Retired Gen. William Bender, who was Air Force CIO from 2014 until 2017, said on Thursday that while the pace of IT modernization across the services may be somewhat uneven, the military is making progress toward its modernization goals.
Speaking at an event organized by the Air Force Association, Bender said the government is still years–“you pick the number”–behind some private sector organizations in network modernization, but added, “progress is being made…in the right direction.”
While modernization efforts are proceeding across all of branches of the military, “all of the services are in different places,” he said, and what constitutes progress “is being defined by the customer.” The overall modernization effort, he said, “is big and complex…and hard to do.”

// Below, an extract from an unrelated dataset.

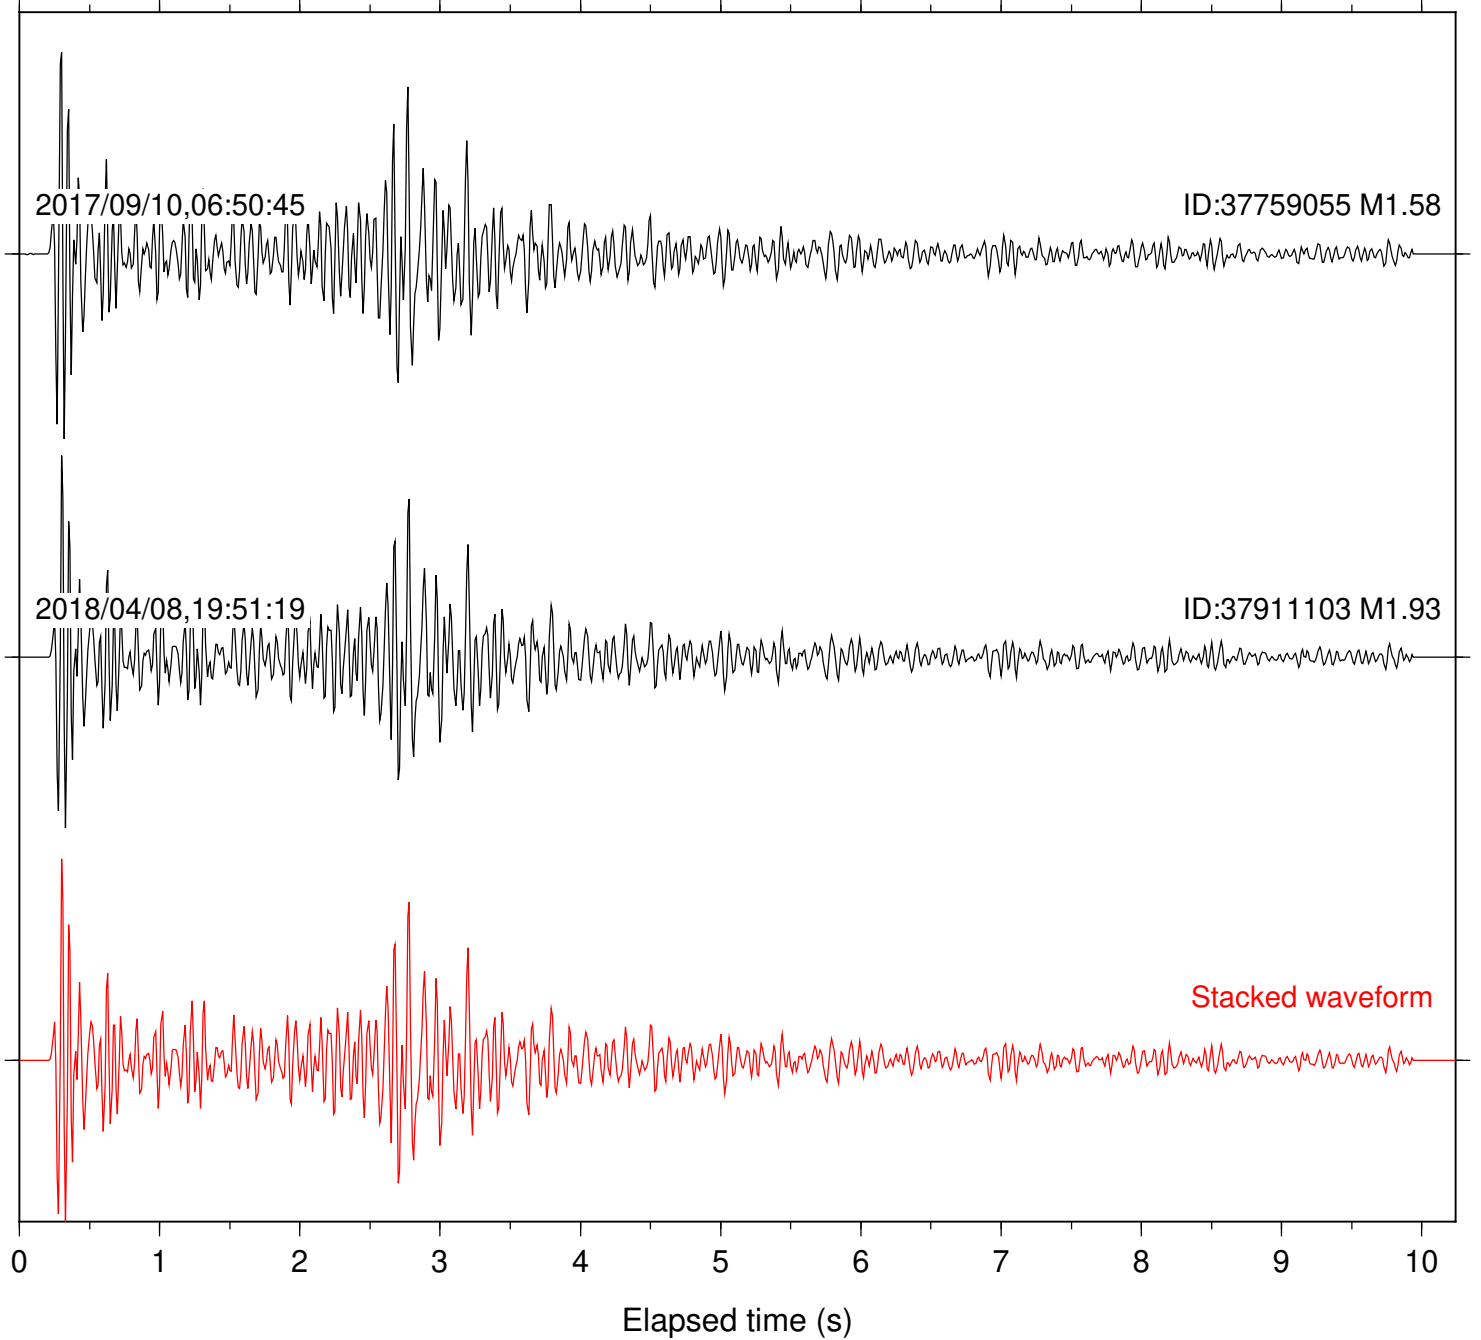

Station: B087 Com: EHZ

Focal depth: 6.28 km

The Defense Information Systems Agency, he said, “may be a little bit behind, but that’s because of the complexity” of its tasks. “It’s an evolutionary business,” he said.
Bender, who is now a senior vice president at Leidos, said the Air Force has been “doing a lot of work on software-defined networks, and network virtualization,” and is “progressing along the path to network modernization.”
Asked about the advent of “zero trust” security models, Bender said the first mission is to “make sure your data is protected and secured…It is the only asset that you own.”
“You need full understanding of data end to end, and full trust,” he said, adding, “Then you can have that conversation about AI [artificial intelligence] and how to do that.
Retired Air Force Gen. Greg Feest said at the same even that the Air Force “does networking well today, but we’ve got a long way to go.”
He pointed to future concerns about maintaining critical data flows, and said that the Air Force has long enjoyed “unrestricted flow of data,” but increasingly so do U.S. adversaries. Retired Col. Lance Spencer, now director for Air Force strategy and solutions at AT&T, said the advent of 5G wireless services will make it more difficult to deny access to data because of the higher density of 5G network infrastructure.
Derek Strausbaugh, a principal program manager at Microsoft, noted large investments by the Chinese government and industry in 5G technologies aimed at data and AI technologies. “It’s all about delivery of AI insight…If you want to be a superpower,” he said.